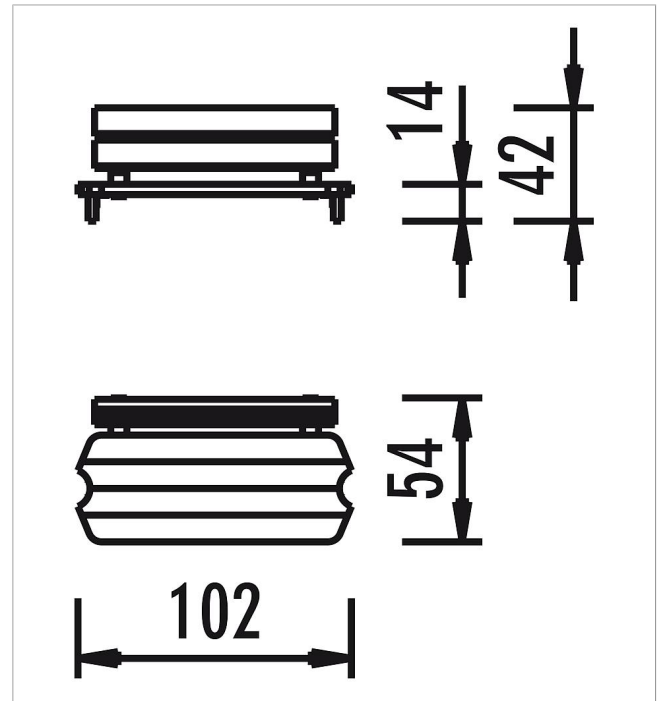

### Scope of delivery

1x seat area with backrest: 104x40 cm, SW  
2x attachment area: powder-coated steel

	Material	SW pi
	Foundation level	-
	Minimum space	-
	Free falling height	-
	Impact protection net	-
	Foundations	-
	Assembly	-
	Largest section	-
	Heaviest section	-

□ □ □ □

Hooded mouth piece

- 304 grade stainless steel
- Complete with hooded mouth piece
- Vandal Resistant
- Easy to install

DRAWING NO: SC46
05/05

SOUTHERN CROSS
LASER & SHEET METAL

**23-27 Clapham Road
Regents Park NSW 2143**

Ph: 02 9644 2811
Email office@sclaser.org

□ □ □ □

> [Aim of the task]
From the records above, pick out and copy each line holding the word "piece".

> [Solution for this task]
Hooded mouth piece
- Complete with hooded mouth piece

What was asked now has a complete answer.